### Task directions
Determine how many lines in these records hold "tegen". Only the number is wanted.
== Input records ==
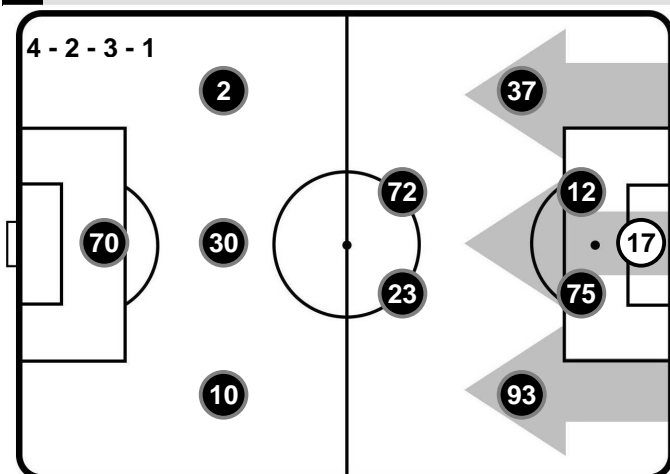

LORENZO GORI

MARCO ZAPPATORE

LUIGI NASCA

RICCARDO PINZANI

SERGIO RANGHETTI

HELLAS VERONA

17	MARCO SILVESTRI (P)
37	ENRICO BEARZOTTI
12	ANTONIO CARACCILO
75	THOMAS HEURTAUX
93	MOHAMED FARES
72	ANDREA DANZI
23	SIMONE CALVANO
2	ROMULO
30	RYDER MATOS
10	ALESSIO CERCI
70	BRUNO PETKOVIC
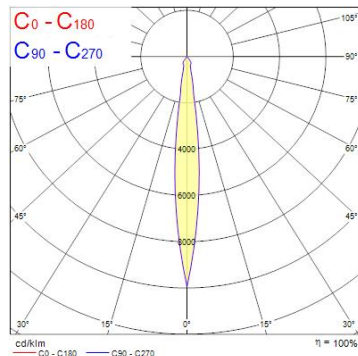

Produktblad

Start Track Spotlight Small 14W 1550lm 830 Narrow Beam Svart

Artikelnummer	0004835
EAN	5410288048352
Märke	Sylvania

Egenskaper

Användningsområde	Butik & Showroom, Kontor	IP-klass	IP20
Brinntid (timmar)	50000	Ljusflöde (lumen)	1551
CRI (Ra)	80	Ljuskvalitet	Varmvit
Dimbar	Nej	Nominell bredd (mm)	140
Dimning	Ej dimbar	Nominell diameter (mm)	86
Effekt (W)	14	Nominell höjd (mm)	200
Energimärkning	D	Skentyp	3-fasskena
Färg	Svart	Spridningsvinkel (°)	12
Färgtemperatur (Kelvin)	3000	Spänning (V)	220-240V
Garantitid (år)	5	Teknologi	LED

Produktbeskrivning

Spotlight i minimalistisk design, idealisk för butiksbelysning. Konstruktion i aluminium med genomsnittlig brinntid 50 000 timmar. IR- och UV-fritt ljus helt fritt från värmestrålning. Spänning 220-240V / 50-60Hz. Ej dimbar. Passar till 3-fasskenor av standardmodell, exempelvis Global Trac. Avsedd för inomhusbruk. Horisontell rotation 0-355°, vertikal tilt 0-90°.
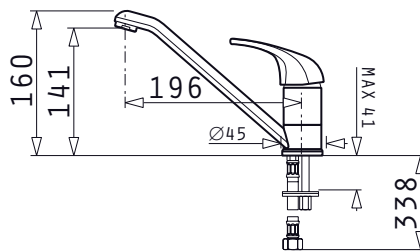

Fino

Mitigeur à bec rotatif
Cartouche disques en céramiques
Raccordement flexible en inox
Pièces de renforcement pour évier en cuivre
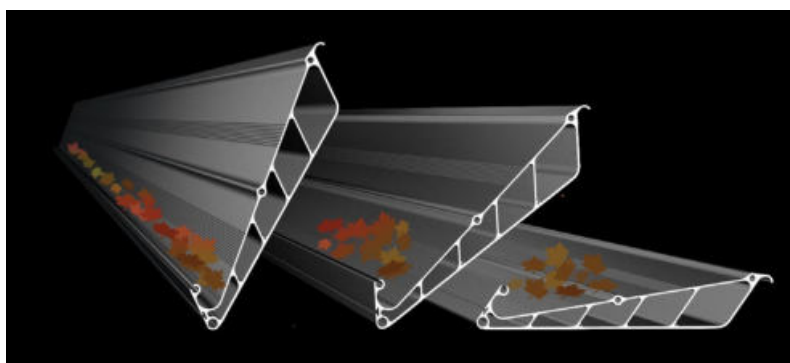

UIT TE VOEREN MET

Optioneel	LED-verlichtingstrips – LED in lamellen – wit of RGB
Optioneel	Glazen schuifwanden

KLAAR.

WINTEK
ZONWERING

LAMELLEN

De lamellen zijn dubbelwandig. De luchtkamer die zo gecreëerd wordt, isoleert uitstekend tegen het lawaai van tikkende regendruppels. De betere thermische isolatie zorgt er bovendien voor dat er geen condensvorming is aan de onderzijde van het dak,

Door de elliptische vorm van de lamellen valt er geen vuil naar beneden als het lamellendak roteert.

De lamellen sluiten met dubbele rubbers tegen elkaar aan. Zo bent u zeker van een optimale isolatie en waterdichtheid.
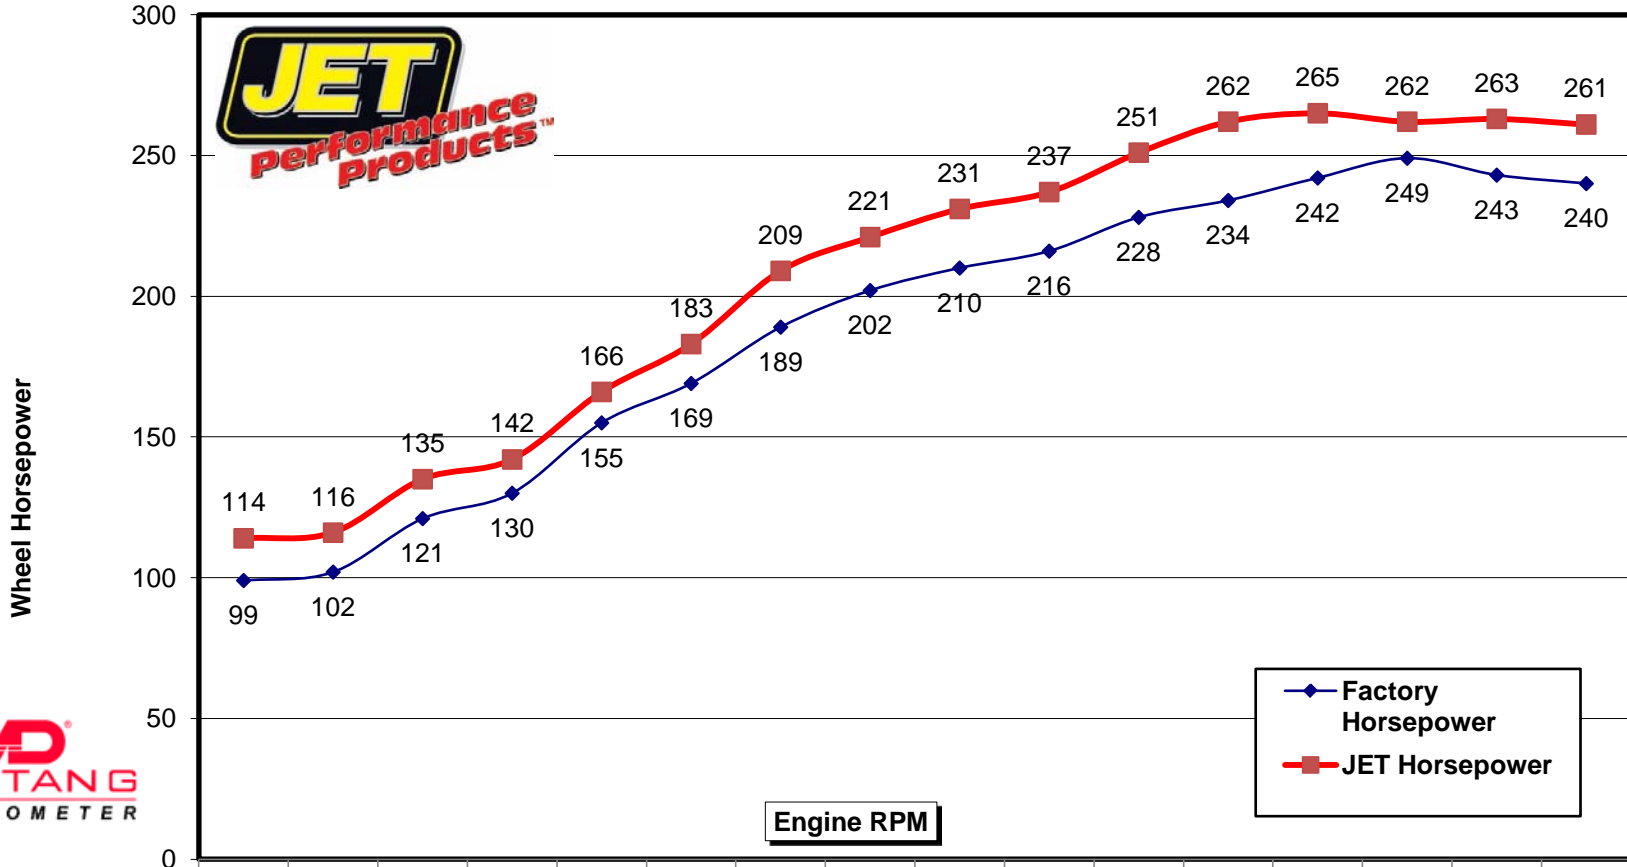

JET Dynamometer Test Results

Typical 2009-2010 5.4L Ford F-Series Truck/SUV

	2000	2250	2500	2750	3000	3250	3500	3750	4000	4250	4500	4750	5000	5250	5500	6000
◆ Factory Horsepower	99	102	121	130	155	169	189	202	210	216	228	234	242	249	243	240
■ JET Horsepower	114	116	135	142	166	183	209	221	231	237	251	262	265	262	263	261

JET Performance Products™
 17491 Apex Circle
 Huntington Beach, Ca. 92647
www.jetchip.com

Test Vehicle:
 Make: Ford Model: F 150 Engine: 5.4L

JET Performance Part #
Performance Module
===
### Response for this exercise
2